At that time, at that location, anhinga were just starting nest building.

A few months later, more north, we watched chicks feed from the adult.
Thank the maker, we are not that species...


----------



## abax (Dec 19, 2012)

Lovely photo, Clark. I'd love to have beautiful wings like that. Can you
imagine flying and diving????


----------



## JeanLux (Dec 19, 2012)

:clap: :clap: :clap: Jean


----------



## biothanasis (Dec 19, 2012)

Wonderful picture!!!!


----------



## Erythrone (Dec 19, 2012)

Wow!!!

Great shot!


----------



## KyushuCalanthe (Dec 19, 2012)

Put that on your Christmas tree!


----------



## goldenrose (Dec 20, 2012)

:drool: :clap: :drool: :clap: :drool: :clap: :drool:


----------



## Clark (Dec 20, 2012)

Much appreciated


----------



## Rick (Dec 20, 2012)

Clark said:


> Thanks
> 
> This species needs to dry itself after swimming/feeding.
> Can't remember, but maybe water is able to reach it's skin....

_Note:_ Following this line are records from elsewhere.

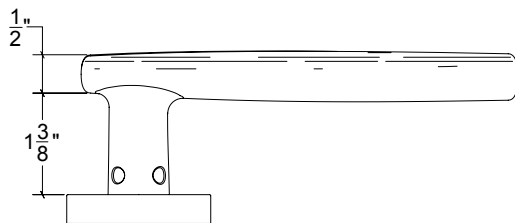

HAMILTON SINKLER

HL039BRK (Bark Lever) Metropolitan Door Lever

Finishes:

- Antique Brass (AB)
- Bright Antique Brass (BAB)
- Brushed Nickel (BN)
- Burnished Antique Brass (BRAB)
- Burnished Brass (BRB)
- Burnished Brass Matte Lacquer (BBML)
- Burnished Nickel (BRN)
- Dull Black (DB)
- Oil Rubbed Bronze (ORB)
- Pewter (PW)
- Polished Black Nickel (BLN)
- Polished Brass with Lacquer (PB)
- Polished Chrome (PC)
- Polished Nickel (PN)
- Satin Brass (SB)
- Unlacquer Brass (UB)

Base Material: Solid Brass

Lever shown with R078 Rosette

- Custom designs, finishes and sizes available upon request
- Available door functions include entry, passage, privacy, single dummy and full dummy. Other functions available upon request
- Escutcheon back plates in customizable sizes maybe be substituted instead of a rosette
- Interior passage and privacy sets are supplied standard with mini-mortise locks unless otherwise requested
- Entry door sets are supplied with full case mortise locks, are fire-rated, and are available in many function types
- Hamilton Sinkler will select all components to create complete sets as per the configuration of the door
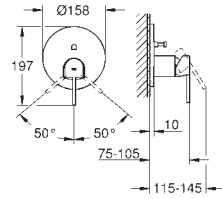

GROHE PLUS

Ref. No. Colour Price netto (€)

24 060 003 chrome 180.00

Plus
Single-lever mixer with 2-way diverter
set for final installation for
GROHE Rapido SmartBox 35 600 000
GROHE SilkMove 46 mm ceramic cartridge
GROHE StarLight chrome finish
wall escutcheon with **GROHE QuickFix** (covered
escutcheon- and shaft sealing, covered fixing)
metal escutcheon, retroactively 6° adjustable
metal lever
automatic 2-way diverter
flow performance:
outlet B = 27 l/min, outlet C = 27 l/min
without roughing-in-set

35 600 000 chrome 68.00
GROHE Rapido SmartBox universal rough-in box for concealed installation

24 093 003 chrome 203.00
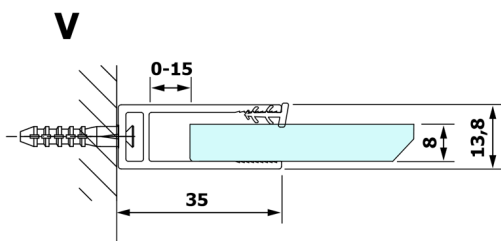

VARIO GOLD MATT Walk-In Freestanding Shower Enclosure, Nordic Glass, 700 mm

Order code: GX1570-10

Size

Height: 2000 mm

Depth: 700 mm

Properties

Warranty: 3 years

Technical sheet

MODEL	A
GX1570	685-700
GX1580	785-800
GX1590	885-900
GX1510	985-1000
GX1511	1085-1100
GX1512	1185-1200
GX1514	1385-1400

VARIO GOLD MATT Walk-In Freestanding Shower Enclosure, Nordic Glass, 700 mm

MODEL	A
GX1570	685-700
GX1580	785-800
GX1590	885-900
GX1510	985-1000
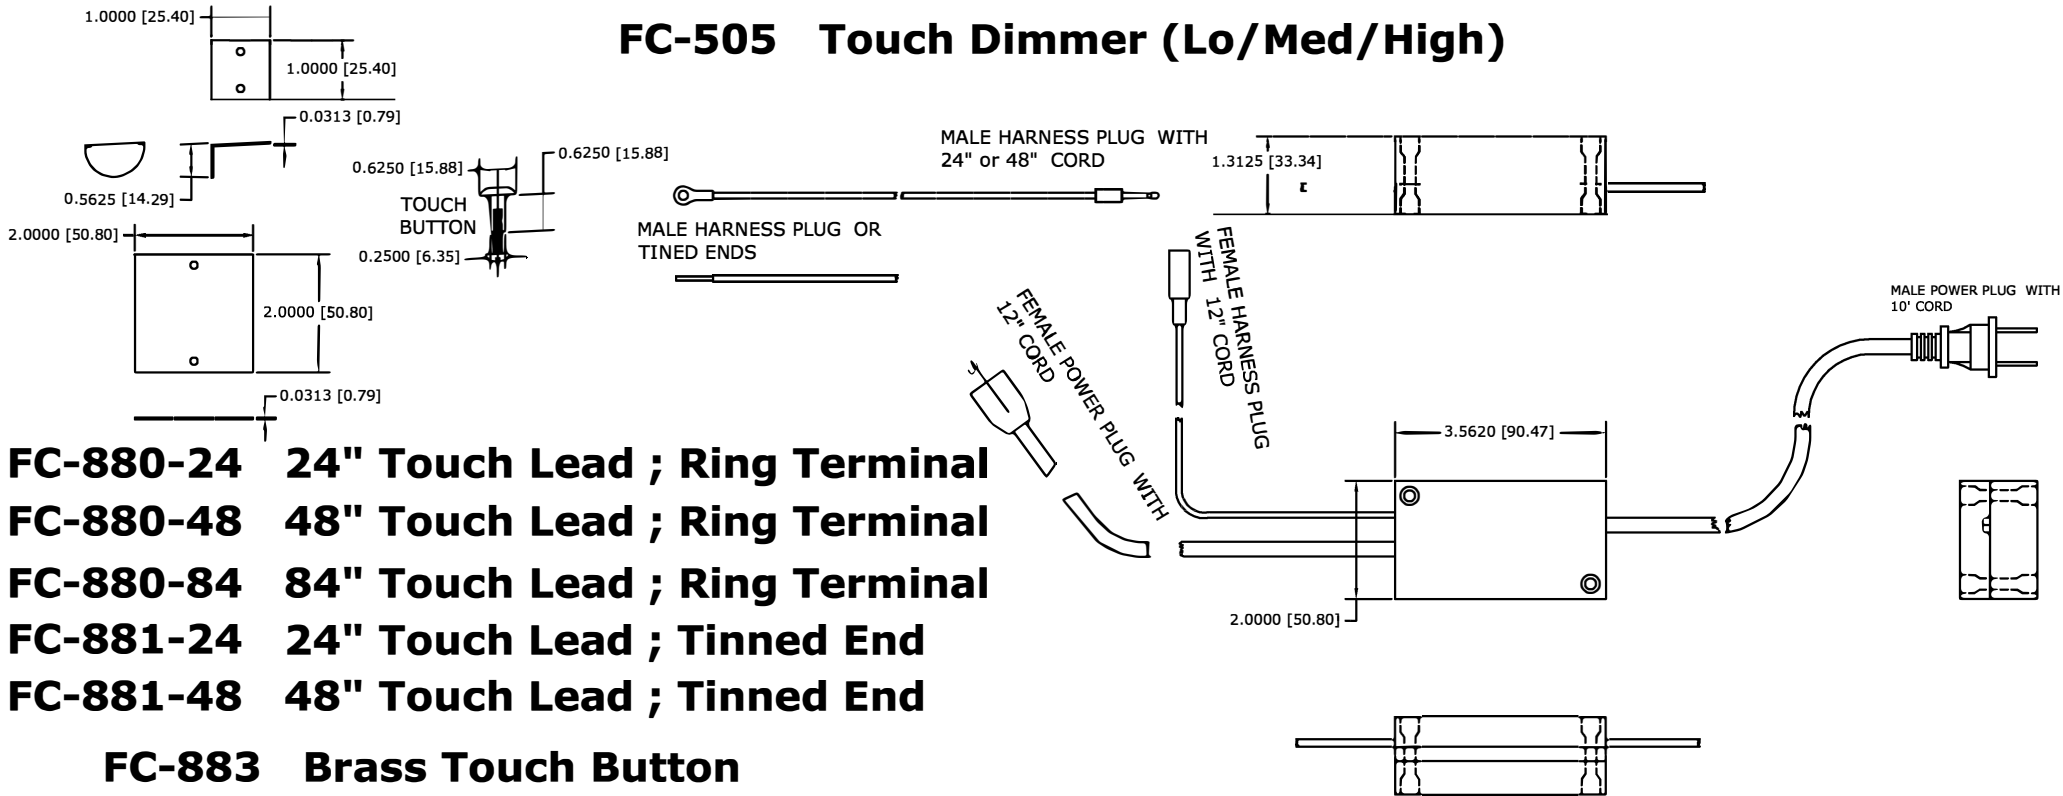

furnlite

BY DEKKO

FC-505 Touch Dimmer (Lo/Med/High)

- FC-880-24 24" Touch Lead ; Ring Terminal**
- FC-880-48 48" Touch Lead ; Ring Terminal**
- FC-880-84 84" Touch Lead ; Ring Terminal**
- FC-881-24 24" Touch Lead ; Tinned End**
- FC-881-48 48" Touch Lead ; Tinned End**

- FC-883 Brass Touch Button**
- FC-886 2x2 Gold Touch Plate**
- FC-888 90° Brass Touch Brackett**
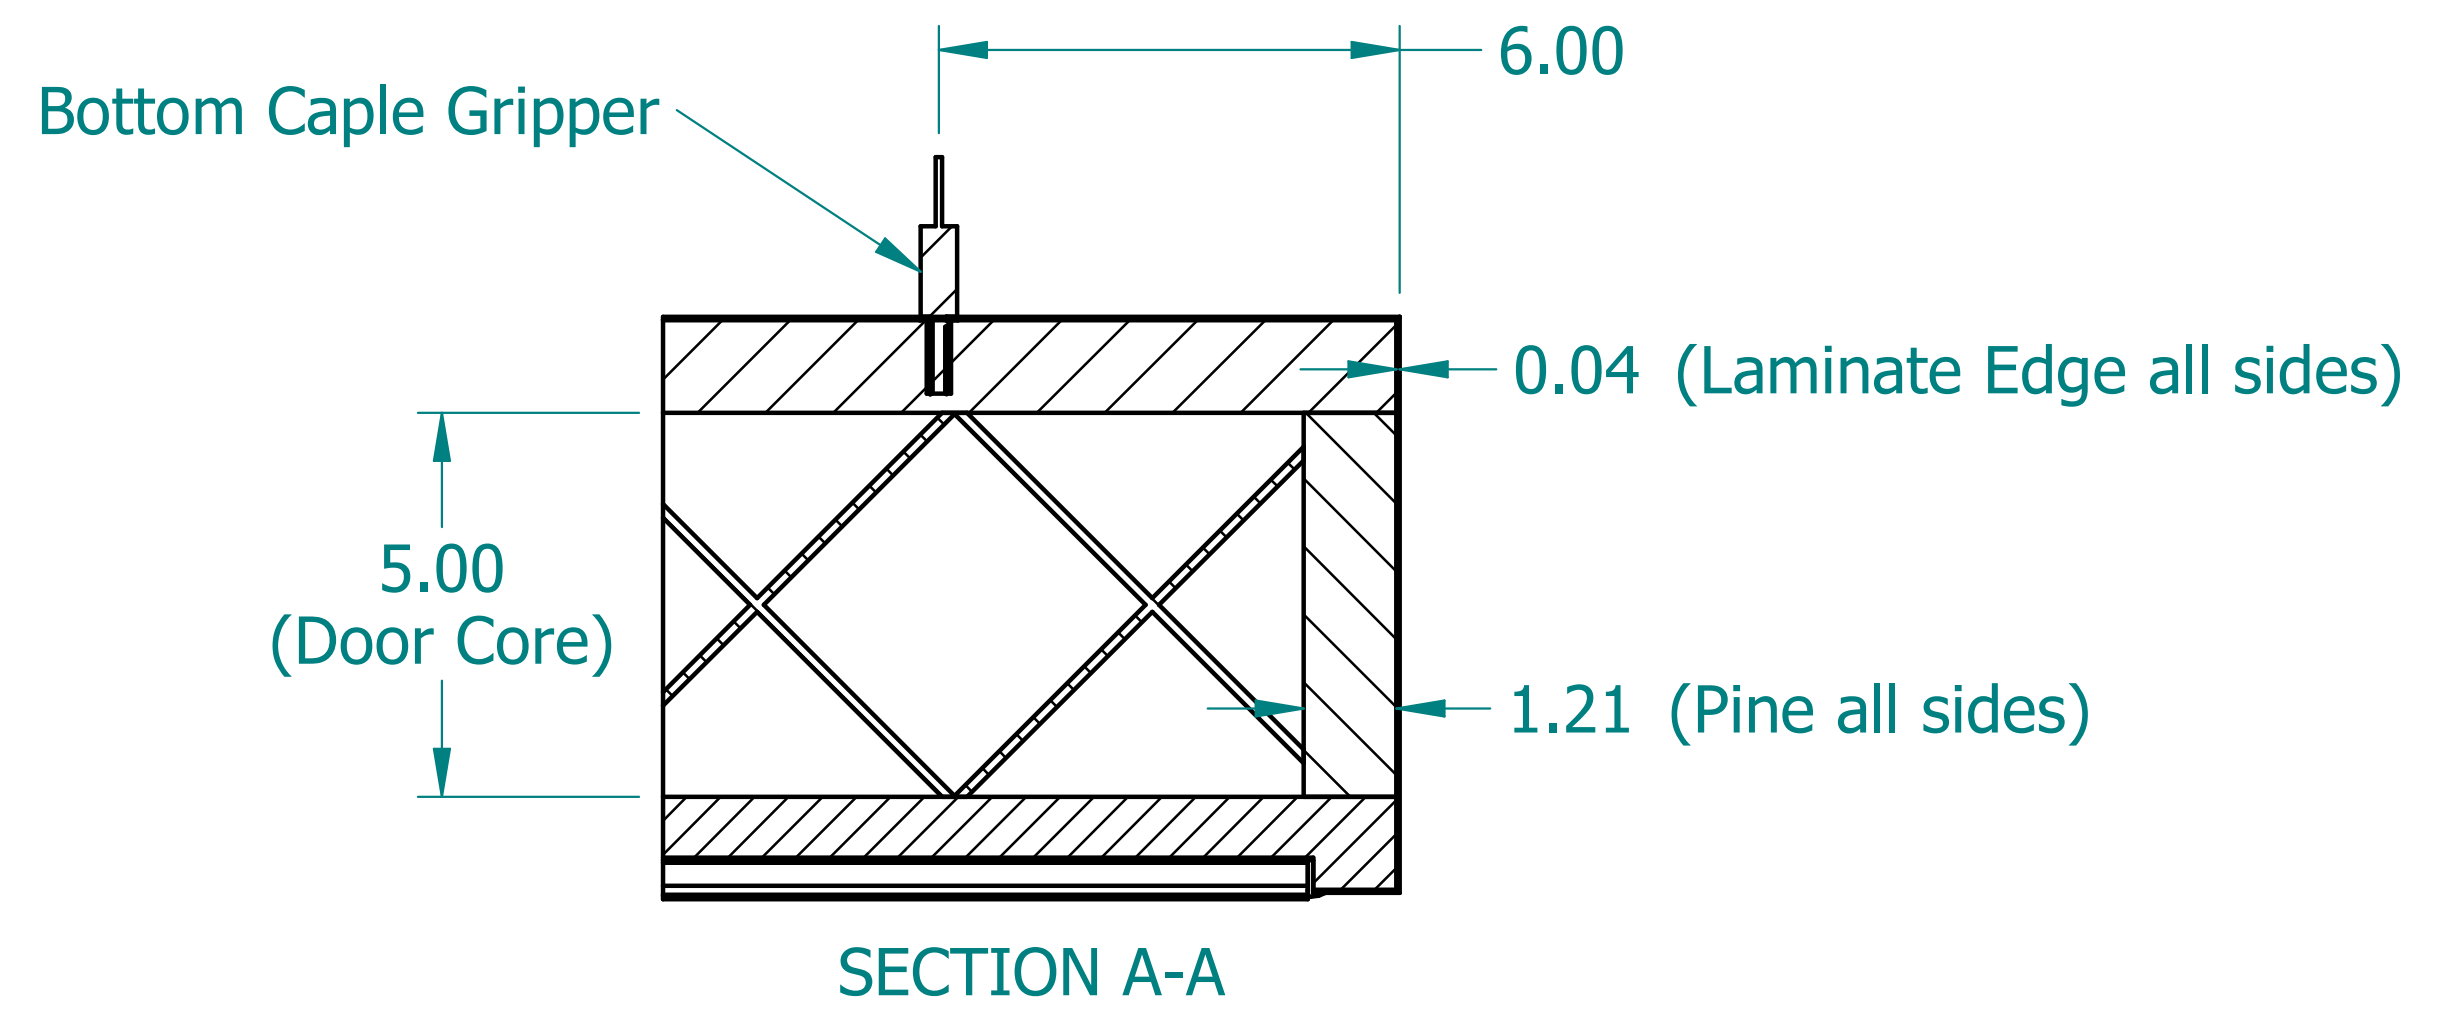

REVISION HISTORY			
REV.	DESCRIPTION	DATE	APPROVED

NAME	DATE	
DRAWN CBS	12/12/23	
ENG APPR CBS	12/12/23	
		TITLE
UNLESS OTHERWISE SPECIFIED DIMENSIONS ARE IN 'INCHES'		ILLUMINATED LAMINATE BEAM
ANGLES ±0.8° ; 2 PL ±0.040 ; 3 PL ±0.020		SUBTITLE
		120"x8"x2"
		PART NO: IXBeam-098-XX
		REV. 1.0
		SIZE: 34"x22" SCALE: 0.14 SHEET 1 OF 1
		FILE NAME: Illuminated Laminated Beam (120.8.2).dft

I thought all the cormorant types were pretty oily.

But they definitely like to sun and dry off.

That's a perfect picture Clark:clap:


----------



## Clark (Dec 21, 2012)

Thanks.
Perhaps the skin is protected.
Check out this link and scroll down to behavior.
It seems to be about the weight of the water.

http://en.wikipedia.org/wiki/Anhinga


----------